Ezh1-KO Mouse

Ezh1, an epigenetic silencing factor, is a core component of polycomb repressive complex 2 (PRC2). It functions as a histone methyltransferase, mediating the mono-, di- and tri-methylation of histone H3 lysine 27 (H3K27me1/2/3), and is crucial for the growth and differentiation of cells [1,3]. Ezh1 is involved in multiple biological pathways and its dysregulation has implications in various diseases. Genetic models, such as gene knockout (KO) or conditional knockout (CKO) mouse models, are valuable for studying its function.

In iPSC-derived T cell differentiation, Ezh1 repression promotes in vitro differentiation and maturation of T cells from iPSCs. EZ-T cells generated through Ezh1-knockdown-mediated epigenetic reprogramming show a diverse T cell receptor repertoire and mature molecular signatures, and exhibit potent antitumor activities when transduced with chimeric antigen receptors [2]. In oocyte meiosis prophase I in mice, Ezh1/2 deficiency leads to cell apoptosis, reduction in oocyte numbers, failure of DNA double-strand breaks repair, and break of meiotic progression.
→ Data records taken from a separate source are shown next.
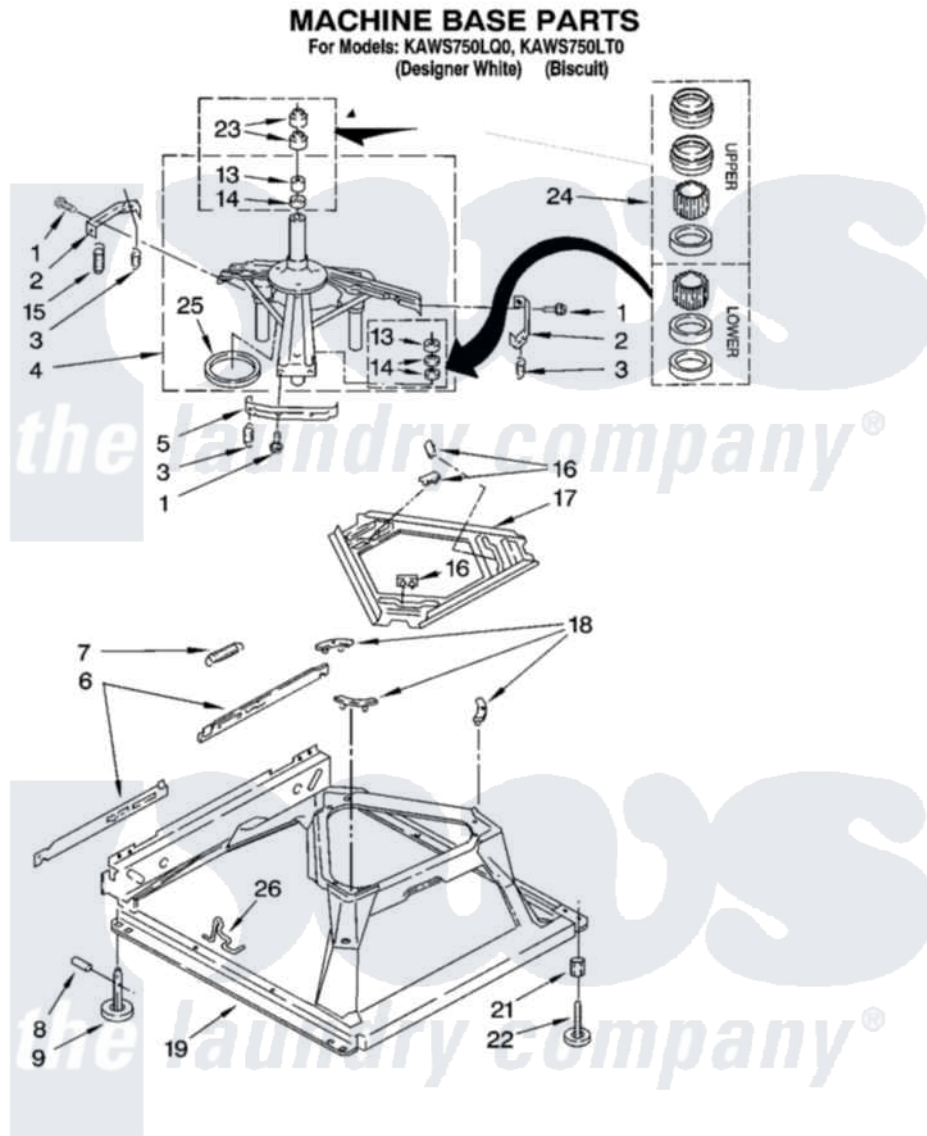

# Whirlpool KAWS750LT0 05 - MACHINE BASE PARTS

8

8179911

Whirlpool [Residential Whirlpool KAWS750LT0 Washer Parts](#) Parts Diagram 05 - MACHINE BASE PARTS  
Click on the part number to view part

Item	Original Part Number	Replaced By	Status	Part Description
1	<a href="#">3400076</a>			Screw, Bracket Mounting
2	<a href="#">64067</a>			Bracket, Spring Outer
3	<a href="#">63907</a>			Spring, Suspension
4	3362087	<a href="#">280184</a>		Support
5	<a href="#">64065</a>			Bracket, Spring Outer
6	<a href="#">63466</a>			Link, Leveling Mechanism
7	62597	<a href="#">8316845</a>		Spring
8	<a href="#">62837</a>			Pin, Knurled
9	62596	<a href="#">285244</a>		Feet-Leveling
13	3347047	<a href="#">8546455</a>		Bearing, Centerpost
14	357409	<a href="#">359449</a>		Seal, Agitator Shaft
15	8318050	<a href="#">285901</a>		Spring
16	62568	<a href="#">285219</a>		Pad
17	<a href="#">3946509</a>			Plate, Suspension
18	3363660	<a href="#">285744</a>		Pad
19	3946512	<a href="#">285771</a>		Base

21	<a href="#">3359452</a>		Nut, Lock
22	389102	<a href="#">W10001130</a>	Foot, Leveling
23	356934	<a href="#">8577376</a>	Seal, Centerpost
24	<a href="#">285203</a>		Centerpost Bearing Kit
25	<a href="#">63134</a>		Ring, Sound Deadening
26	63806	<a href="#">W10145155</a>	Retainer, Suspension Spring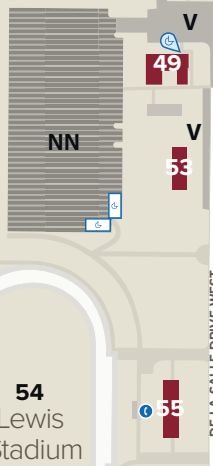

(No Outlet)

Airport Road

North to Romeoville / Chicago

St. Charles Borromeo North Campus
101 Airport Rd.,
Romeoville, IL 60446

St. Charles Borromeo Greenway

Romeoville Campus
One University Parkway
Romeoville, IL 60446-2200

26
Lewis University
Airport
(Access via Renwick Road)

Lewis University
737

Doppler Radar

National
Weather Service

Need Assistance?
Weekdays, 8:30 a.m. - 5 p.m.
(815) 838-0500
After hours, weekends & holidays
(815) 836-5222

Route 53 (Independence Boulevard)

South to Joliet /
Renwick Road (Rt.7)

Map Legend

- Parking Lots
- Visitor Parking Lots
- ADA Parking
- ADA Entrance
- Information
- Security Phones
- Kiosks / Maps
- Dining/Food
- Electric Charging Stations
- Low Emission Parking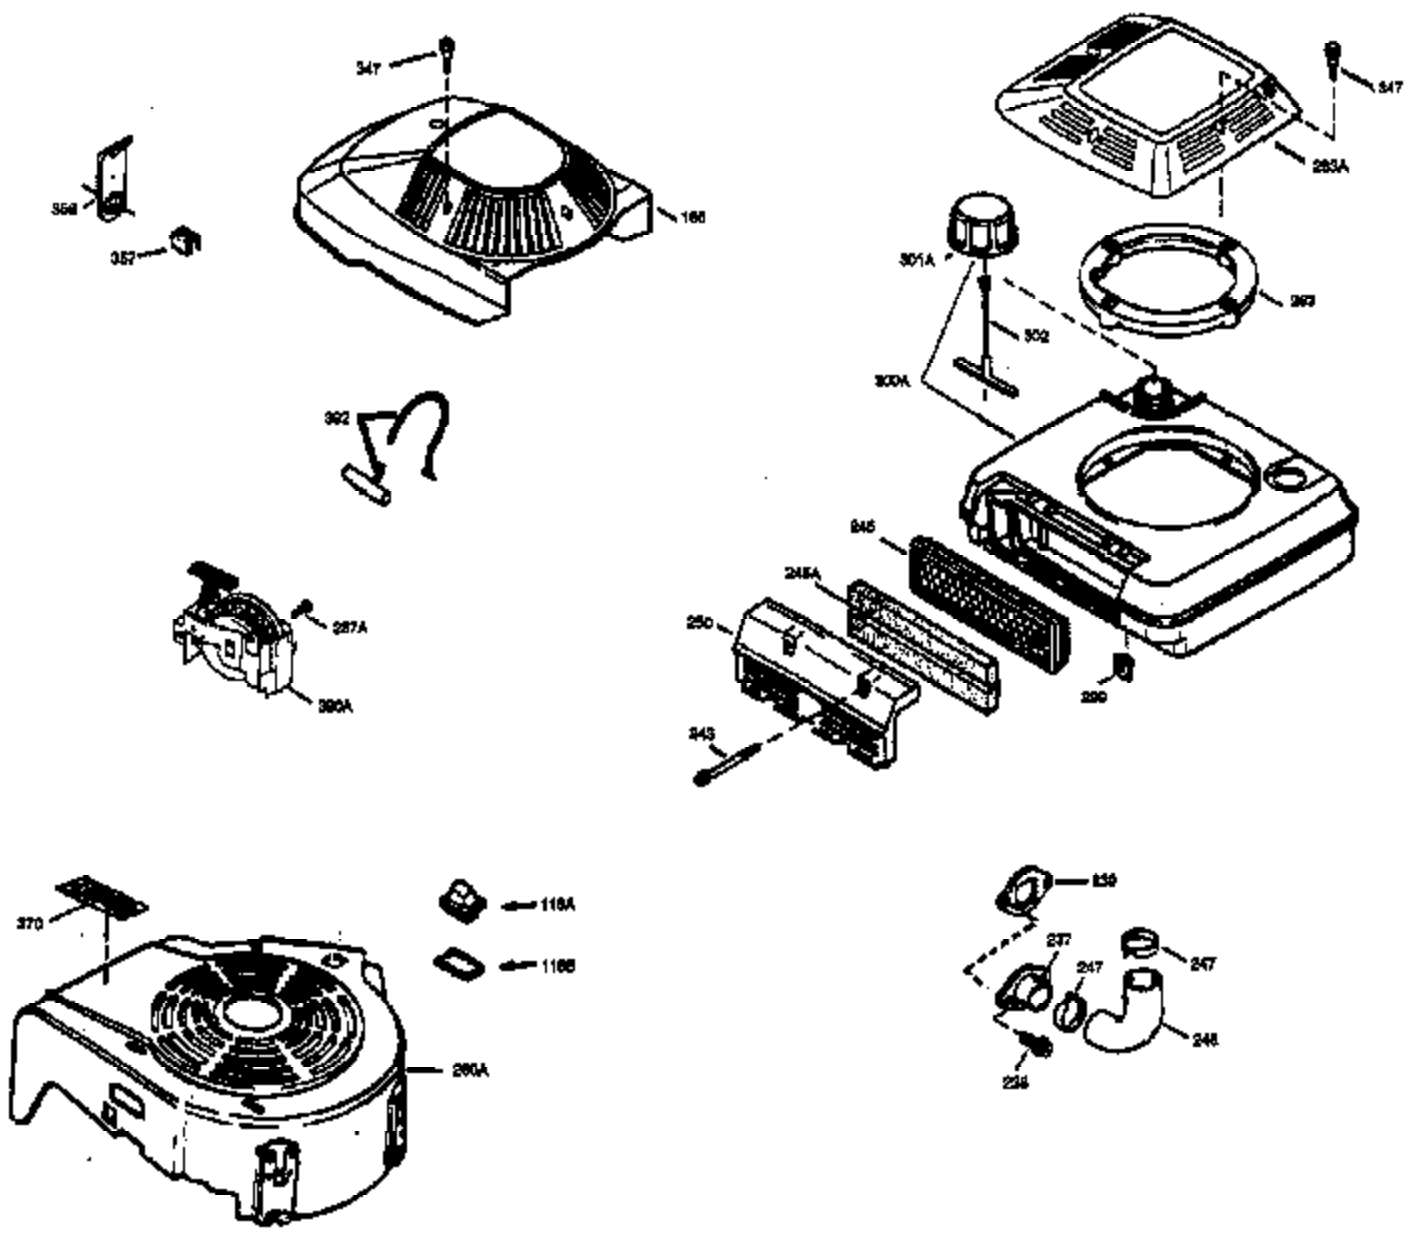

ILLUSTRATION SHOWS TYPICAL PARTS ONLY. ORDER BY PART NUMBER. PARTS NOT LISTED ARE SUPPLIED BY OEM.
VIEW 2 OF 3

Ref #	Part Number	Qty	Description
243	650899	2	Screw, 10-32 x 2-3/32"
245A	35705	1	Air Cleaner Filter
245	35500	1	Air Cleaner Filter
247	35505	2	Air Cleaner Tube Clamp
248	35504	1	Air Cleaner Tube
250	35531	1	Air Cleaner Cover
263A	35510	1	Starter Grill
299	650900	2	"U" Type Nut, 10-32
300A	35631	1	Shroud & Tank Ass'y.
347	650898	4	Screw, 10-32 x 27/32"
357	34985	1	Starter Rope Retainer
358	35168	1	Rope Guide
370	36260	1	Primer Decal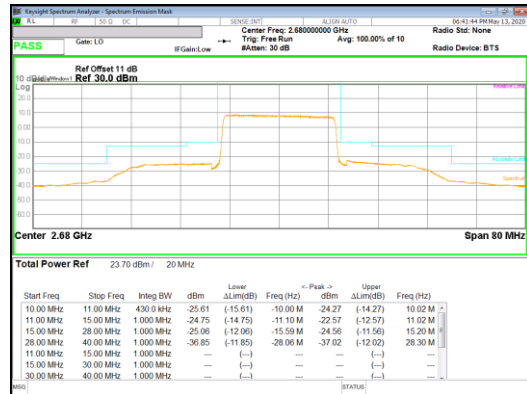

16QAM Low channel 1RB\_Offset Low

16QAM Low channel 1RB\_Offset High

16QAM High channel 1RB\_Offset Low

16QAM High channel FRB

16QAM High channel 1RB\_Offset High

**LTE Band 41(PC2)**

Band 41  
 20MHz  
 QPSK

QPSK Low channel FRB

QPSK Low channel 1RB\_Offset Low

QPSK Low channel 1RB\_Offset High

QPSK Mid channel FRB

QPSK Mid channel 1RB\_Offset Low

QPSK Mid channel 1RB\_Offset High

Band 41  
 20MHz  
 QPSK

QPSK High channel FRB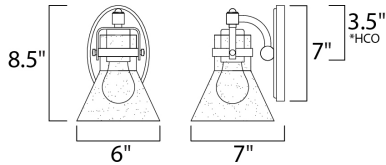

\*height from center of outlet to the top of the fixture

**MEASUREMENTS**

DIMENSION : 6" W x 8.5" H x 7" Ext  
 MAX OAH : 4.5" W x 7" H  
 HANGING WEIGHT : 2.2 lb

**LAMPING**

INPUT VOLTAGE : 120V  
 BULB : 1 x 6W LED E26 Medium , 6W Total  
 BULB INCLUDED : (Included)  
 DIMMABLE : Yes  
 COLOR\_TEMP : 2200K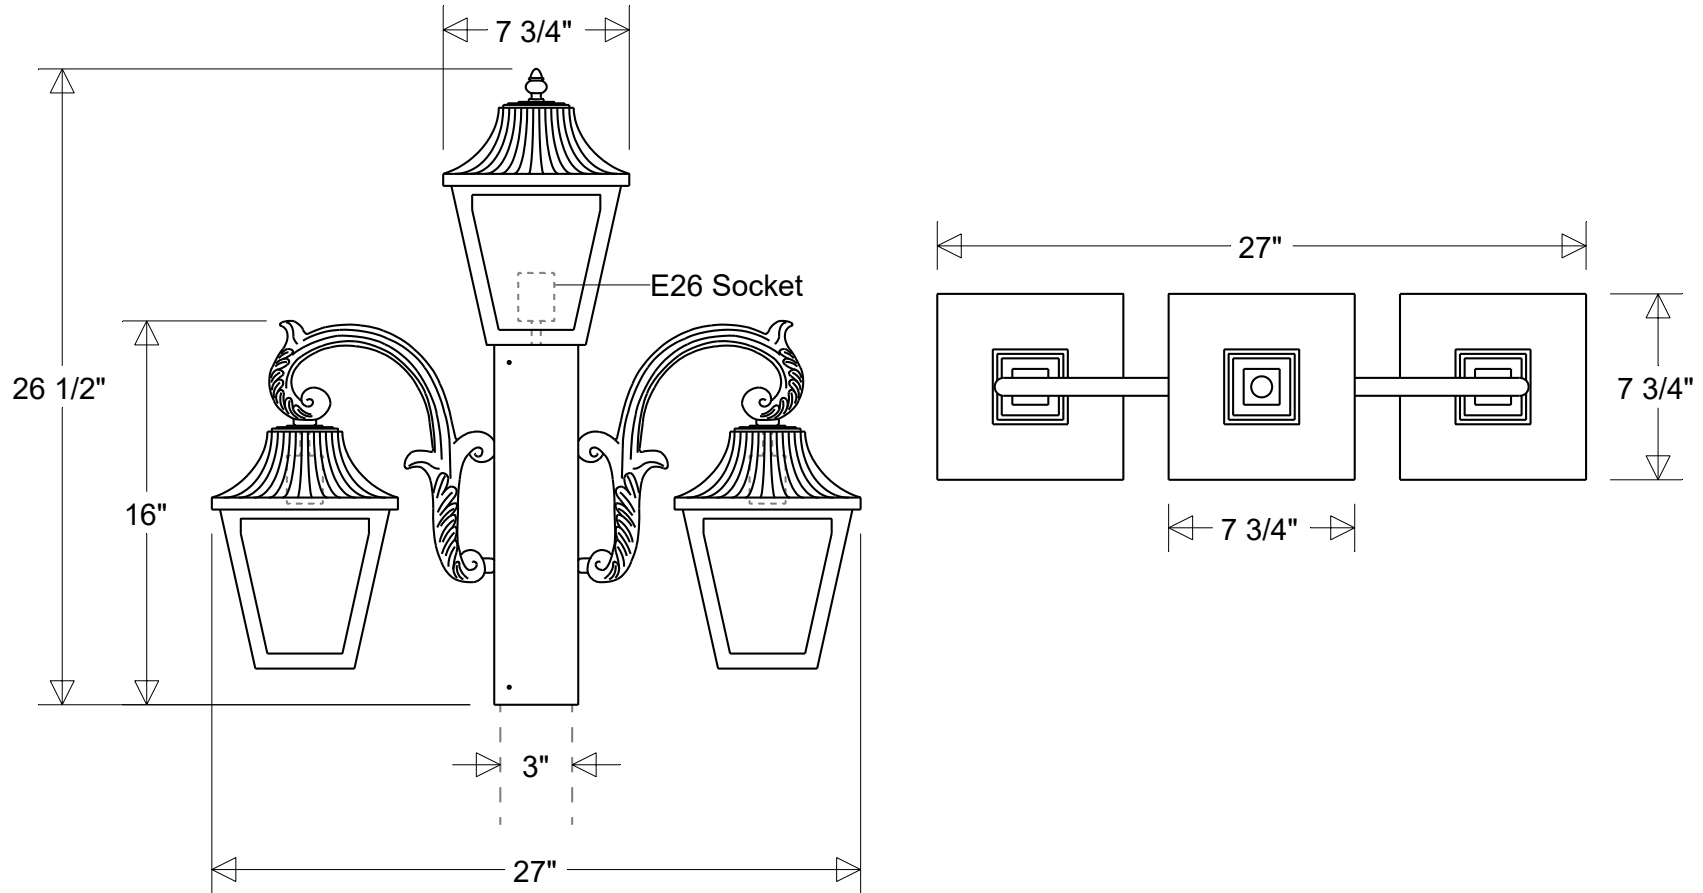

Job Info

#1332 CAT1

15 1/4" W | 16" H | Fits 3" OD Round Mounts
 Lens: Smoke (/1) | White (/3) | Clear (/4) | Frost (/5)

Lamp: E26 Socket Max Wattage: 150 W Each Number of Sockets: 1	Finish: 29 Oven Baked Powder Coated Paints	Drawn: CB 04/2024	Scale: 1/8	Approvals	
Voltage: 120 V	Material: Aluminum Acrylic Lens	Note: All dimensions are nominal. Actual dimensions may vary.			

Job Info

E26 Socket

#1332 CAT2

27" W | 16" H | Fits 3" OD Round Mounts
 Lens: Smoke (/1) | White (/3) | Clear (/4) | Frost (/5)

Lamp: E26 Socket	Finish:	Drawn:	Scale:	Approvals
Max Wattage: 150 W Each	29 Oven Baked	CB	1/8	
Number of Sockets: 2	Powder Coated Paints	04/2024		
Voltage:	Material:	Note:		
120 V	Aluminum	All dimensions are nominal.		
	Acrylic Lens	Actual dimensions may vary.		

Job Info

#1332 CAT3

27" W | 26 1/2" H | Fits 3" OD Round Mounts
 Lens: Smoke (/1) | White (/3) | Clear (/4) | Frost (/5)

Lamp: E26 Socket Max Wattage: 150 W Each Number of Sockets: 3	Finish: 29 Oven Baked Powder Coated Paints	Drawn: CB 04/2024	Scale: 1/8	Approvals	
Voltage: 120 V	Material: Aluminum Acrylic Lens	Note: All dimensions are nominal. Actual dimensions may vary.

Ezh1/2 deletion also affects the expression of mitochondrial related genes in MII oocytes and early embryos [4]. In neurogenesis, loss-of-function variants in Ezh1 disrupt neural progenitor cell differentiation in the developing chick embryo neural tube, and variants in human pluripotent stem cell-derived neural cultures and forebrain organoids perturb cortical neuron differentiation [5].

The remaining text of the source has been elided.